A Dissertation Upon Roast Pig (1822)

Happy Thanksgiving! I haven’t got a reading on roast turkey, but here are some excerpts from Charles Lamb’s “A Dissertation Upon Roast Pig” (London Magazine, September 1822):

I am one of those who freely and ungrudgingly impart a share of the good things of this life which fall to their lot (few as mine are in this kind) to a friend. I protest I take as great an interest in my friend’s pleasures, his relishes and proper satisfactions, as in mine own. “Presents,” I often say “endear Absents.” Hares, pheasants, partridges, snipes, barn-door chickens (those “tame villatic fowl”), capons, plovers, brawn, barrels of oysters, I dispense as freely as I receive them. I love to taste them, as it were, upon the tongue of my friend.

But a stop must be put somewhere. One would not, like Lear, “give everything.” I make my stand upon pig.

Methinks it is an ingratitude to the Giver of all good flavours to extra-domiciliate, or send out of the house, slightingly, (under pretext of friendship or I know not what) a blessing so particularly adapted — predestined, I may say — to my individual palate. It argues an insensibility.

Lamb is of course referring to roast suckling pig, not “your grown porkers,” not “the maturity of rank bacon.”

See him in the dish, his second cradle, how meek he lieth!— wouldst thou have had this innocent grow up to the grossness and indocility which too often accompany maturer swinehood? Ten to one he would have proved a glutton, a sloven, an obstinate, disagreeable animal — wallowing in all manner of filthy conversation — from these sins he is happily snatched away

Ere sin could blight or sorrow fade,
Death came with timely care—

The blogosphere has an idea that “ham and pineapple” is a 20th-century thing. (Incidentally, the best kind of pizza is not “Hawaiian” but ham and onion and mushroom and pineapple, or “HOMP.”) The date “1925” comes up a lot, for some reason. But here’s Lamb again, in 1822, linking pig and pineapple:

Pine-apple is great. She is indeed almost too transcendent — a delight, if not sinful, yet so like to sinning that really a tender-conscienced person would do well to pause — too ravishing for mortal taste, she woundeth and excoriateth the lips that approach her — like lovers’ kisses, she biteth — she is a pleasure bordering on pain from the fierceness and insanity of her relish. But she stoppeth at the palate — she meddleth not with the appetite — and the coarsest hunger might barter her consistently for a mutton-chop.

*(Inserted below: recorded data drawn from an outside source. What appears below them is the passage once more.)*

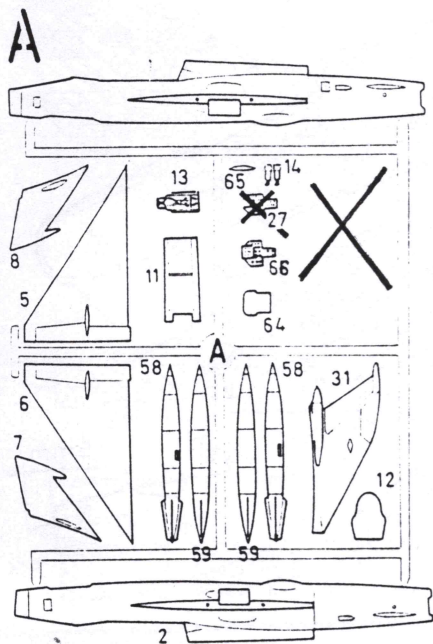

BÍLEK

1:72 SCALE MODEL KIT No. 962

Mig-21 UM „MONGOL B”

A	B	C	D	E	F	G
1781	1749 FS 37 038	1503	1524	1406	1405	1583
Hlinikova Aluminium	Matná černá Flat Black Schwarz (M)	Červená Red Rot (G)	Jasně zelená Green Signalgrün (G)	Černorezavá Exhaust (Met.) Auspuf-Metall	Zbraňovina Gun Metal Stahl blau	Guma Rubber Gummi (M)
H	I	J	K	L	M	N
1584	1780	1790 FS 17 178	1720 FS 35 164	1721 FS 35237	1768 FS 37875	1716 FS 34 227
Zinkochromát Chromate Olivgelb (M)	Ocel Steel Stahl	Stříbrná Chrome Silber Chromsilber (G)	Modrošedá Intermediate Blue Mittelblau (M)	Střední šedá Medium Grey Mittelgrau (M)	Bílá Flat White Weiss (M)	Světle zelená Pale Green Resedagrün (M)

“Roast Pig” extends a letter on the same theme sent by Lamb to Coleridge (the author of the “Epitaph on an Infant” quoted above) after someone had sent Coleridge a pig. (Apparently not Lamb, says the footnote; although the footnoter might just be taking Lamb’s essay too seriously.) Speaking of letters about sending pigs, in the January 1975 issue of The Classical Outlook J.D. Sadler translates Martial’s Epigrammata 9.48 as follows:

9.48 (To Garricus)

You swore by an oath that was sacred as Jove
That I would inherit a fourth of your trove.
I, wishfully thinking that this would come true,
Kept sending all manner of presents to you.
Among them I gave you a succulent pig;
It looked like a monster, the thing was so big.
And you gave a barbecue, everything free,
To which all were invited — all except me!
I can’t even wiggle my nose in the door
To watch all those bloated bums belching my boar.
Not even a knuckle was sent me this late.
You still think I’m getting that quarter-estate?

That’s the plot of Volpone, isn’t it?